They restored the abbey church in order to replace their small parish church.
The Abbaye Saint Magloire de Lehon was listed Historical Monument in 1931.
A first phase of restoration took place in 1956 in order to isolate the buildings from flooding.
The second phase, which lasted from 1987 to 1991, focused on the rehabilitation of the church and Romanesque refectory.
The third phase of restoration is currently underway.
It focuses on the landscaping of the gardens, the rehabilitation of the hospice and the square corner tower that overlooks the gardens and once housed the archives and the prison.
The abbey’s former bakery, stables and miller’s house are today owned privately.

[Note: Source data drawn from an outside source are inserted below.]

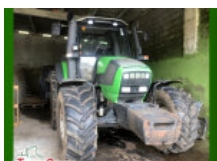

27.000€

DEUTZ FAHR AGROTRON 150

TRACTOR USADO EN BUEN ESTADO MARCA DEUTZ FAHR MODELO AGROTRON 150 SUSPENSIÓN NEUMÁTICA EN CABINA EJE DELANTERO SUSPENDIDO CAMBIO...

Estado Usado Condición Bueno Marca DEUTZ-FAHR Modelo AGROTRON 150 Referencia A20443 Horas de trabajo 473

30.000€

DEUTZ FAHR AGROTRON 165 MK3

TRACTOR MARCA DEUTZ FAHR MODELO AGROTRON 165 MK3 -8971 HORAS - AÑO 2001 -BUEN ESTADO -SIN CONTRAPESO FRONTAL -CAMBIO 24+24 -INVERSOR...

Estado Usado Condición Bueno Marca DEUTZ-FAHR Modelo AGROTRON 165 MK3 Referencia A20413 Año 2001 Horas de trabajo 8.971 Potencia (CV) 160

36.000€

DEUTZ-FAHR AGROTRON M620

Tractor usado Deutz-Fahr Agrottron M620 en buen estado, del año 2011 y con 9116 horas de trabajo. - 160CV - Inversor electrohidráulico -...

Estado Usado Condición Bueno Marca DEUTZ Modelo AGROTRON M620 Referencia A19632 Año 2011 Horas de trabajo 9.116 Potencia (CV) 160

Saint Magloire has been the property of the municipality of Léhon since 2001.
Abbey Church Saint Magloire de Lehon
The church boasts a wealth of architectural features, such as the 12th century original Romanesque porch and granite baptismal font.
This richly carved font is indeed a superb illustration of Romanesque art.
The nave is impressive in size and simplicity; it showcases the ribbed vault which was entirely rebuilt in the late 19th century.
In 1962, the Turmel-Dumont workshops created the colourful stained glass windows, as well as the magnificent rose window above the altar.
The church indeed badly suffered during WWII when the Germans bombed the bridge.
The organ was built in 1997 in order to commemorate the centenary of the restoration of the church.
The Beaumanoir family, Lords of Dinan and patrons of the abbey, are buried in the church.
Their recumbent statues, which date from the 11th, 12th and 13th centuries, are all placed along the walls of the nave.
Among them you’ll find some ancestors and descendants of Bertrand du Guesclin, who belonged to a minor branch of the Lords of Dinan.
The church exhibits also a bone relic (this is quite rare) in a small gilded shrine affixed on the wall.
Museum and Romanesque sculpted head
The former Study Room, next to the Chapter House, accommodates a small museum.
The Musée de l’Abbaye Saint Magloire de Lehon features extensive collections of books, prints and various manuscripts.
This room was built during the 17th century above the foundations of the original abbey.
Restoration work conducted in 2009 discovered that it had been built above the original 12th century Scriptorium.
An exceptional sculpted head, since known as Tête Romane – Romanesque Head, was discovered at the same time.
The Scriptorium is not open to the public but the Tête Romane is visible through a glass pane affixed on the floor.
The cloister was the centre of the monastic life, a place of meditation and contemplation.
This cloister is quite recent, as it dates ‘only’ from the 17th century.
However, the wooden frames supporting the roofs of the lateral galleries haven’t survived the passage of years.
Their absence though brings more light into the small enclosure which has been turned into a venue for temporary art exhibitions.
Combles – Attic
A massive stone staircase leads to the attic; it once linked the monks’ dormitories to the church.
The attic, the abbey’s former storage room, boasts impressive volumes as it initially was a single room.
The roof wooden frame is shaped like the keel of a boat and gives it a unique character.
A series of alcoves were built in 1984 for the shooting of Les Compagnons du Nouveau Monde – Companions of the New World, a film by Gabriel Axel after Bernard Clavel’s novel.
Gardens of the Abbaye Saint Magloire de Lehon
The gardens stretch down to the river and are dotted with a multitude of Romanesque vestiges recovered from the old abbey.
The abbey’s two water mills were demolished in the 19th century, but the monks’ wine cellar was restored!
The three-storey square tower that marks the corner of the main building once housed the abbey’s archives.
The two upper-floors served also as a prison as the prior had the right to Justice.
The conveniences were relegated to the basement!
The gardens have retained the monastic quietude and are an excellent spot for relaxing after the visit of the abbey.